[SOURCE INFORMATION]

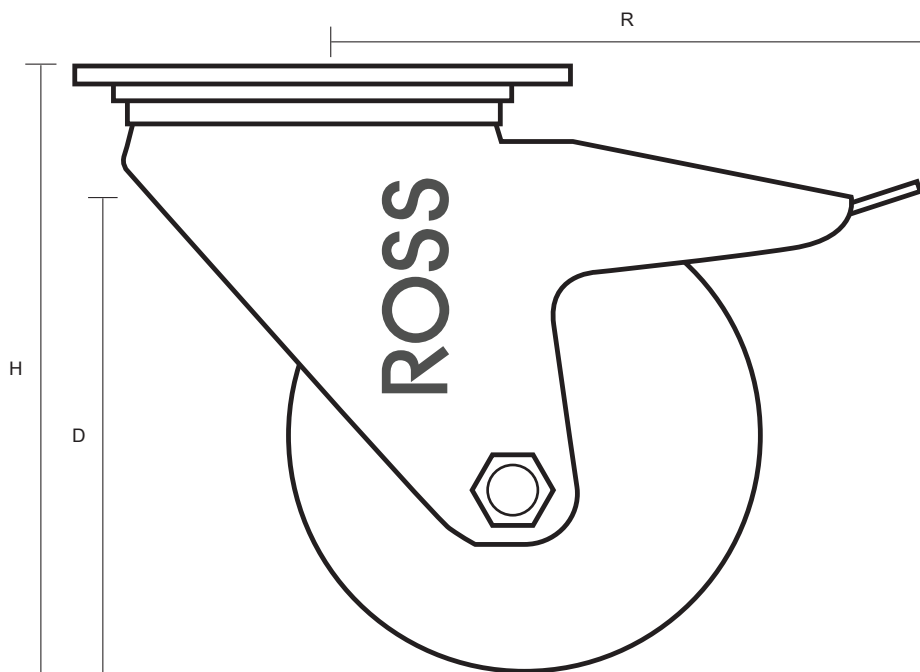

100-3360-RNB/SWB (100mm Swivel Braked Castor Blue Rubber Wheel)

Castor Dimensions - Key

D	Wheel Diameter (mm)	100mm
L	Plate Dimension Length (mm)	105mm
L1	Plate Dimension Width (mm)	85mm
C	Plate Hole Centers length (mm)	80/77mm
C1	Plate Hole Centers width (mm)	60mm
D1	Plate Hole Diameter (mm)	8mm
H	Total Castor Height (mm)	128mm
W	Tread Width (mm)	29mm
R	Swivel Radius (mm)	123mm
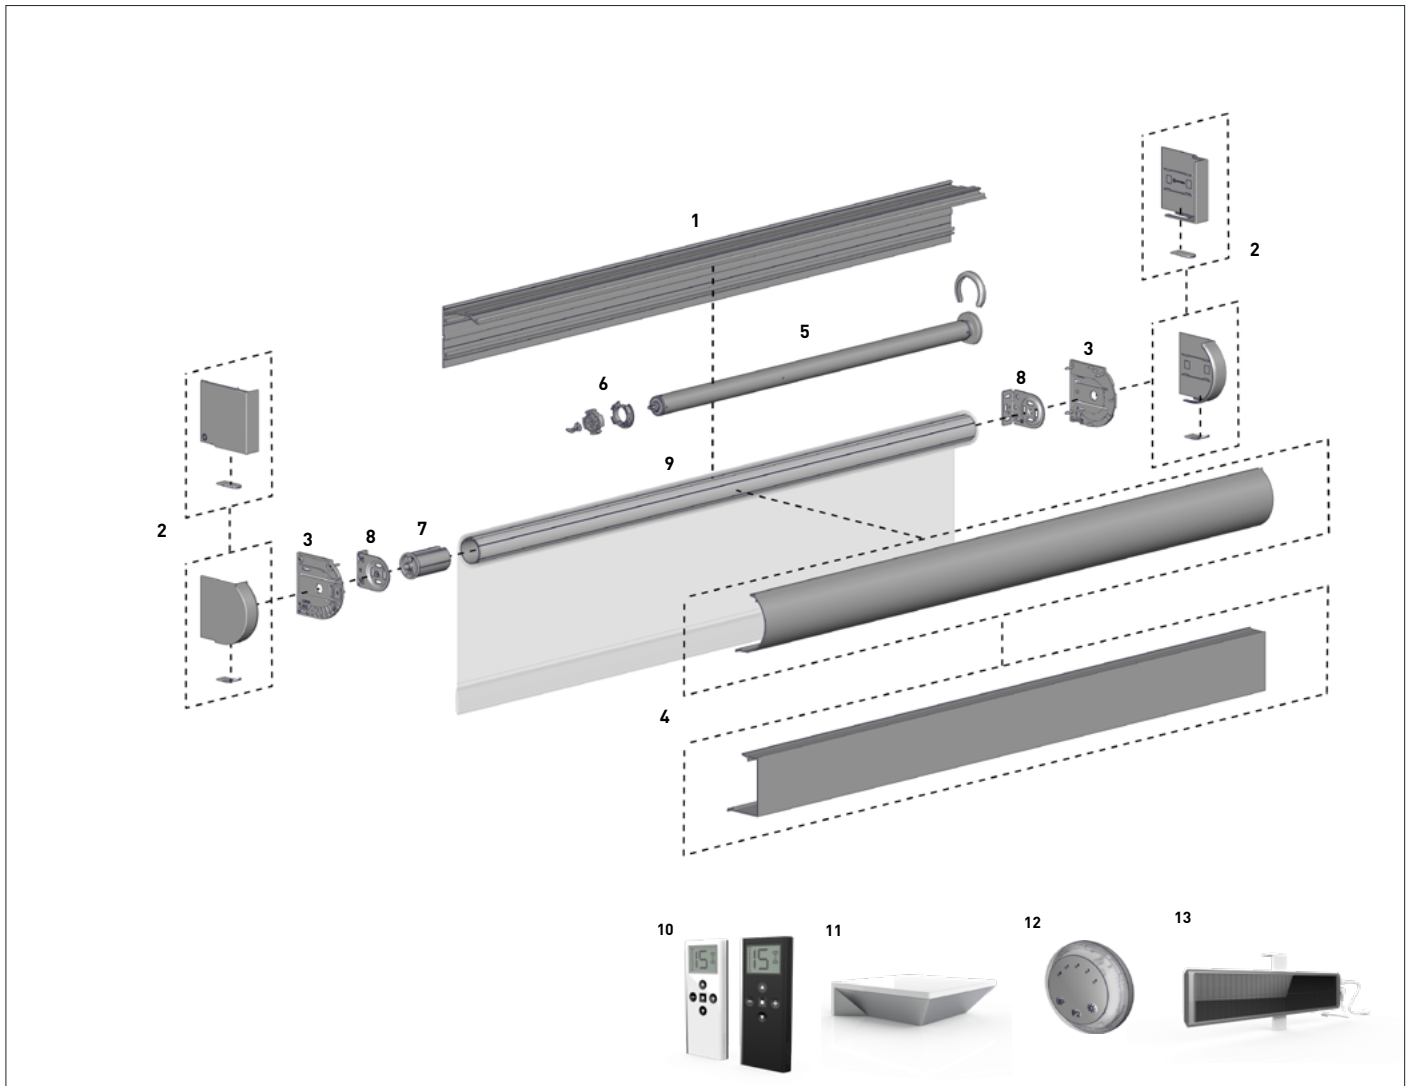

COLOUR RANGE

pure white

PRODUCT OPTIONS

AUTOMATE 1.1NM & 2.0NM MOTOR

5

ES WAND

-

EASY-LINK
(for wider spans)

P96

[/SOURCE INFORMATION]

EXERCISE REQUIREMENTS
Bring together each line above where the string "Plate" turns up.

ANSWER TO THE EXERCISE
L	Plate Dimension Length (mm)	105mm
L1	Plate Dimension Width (mm)	85mm
C	Plate Hole Centers length (mm)	80/77mm
C1	Plate Hole Centers width (mm)	60mm
D1	Plate Hole Diameter (mm)	8mm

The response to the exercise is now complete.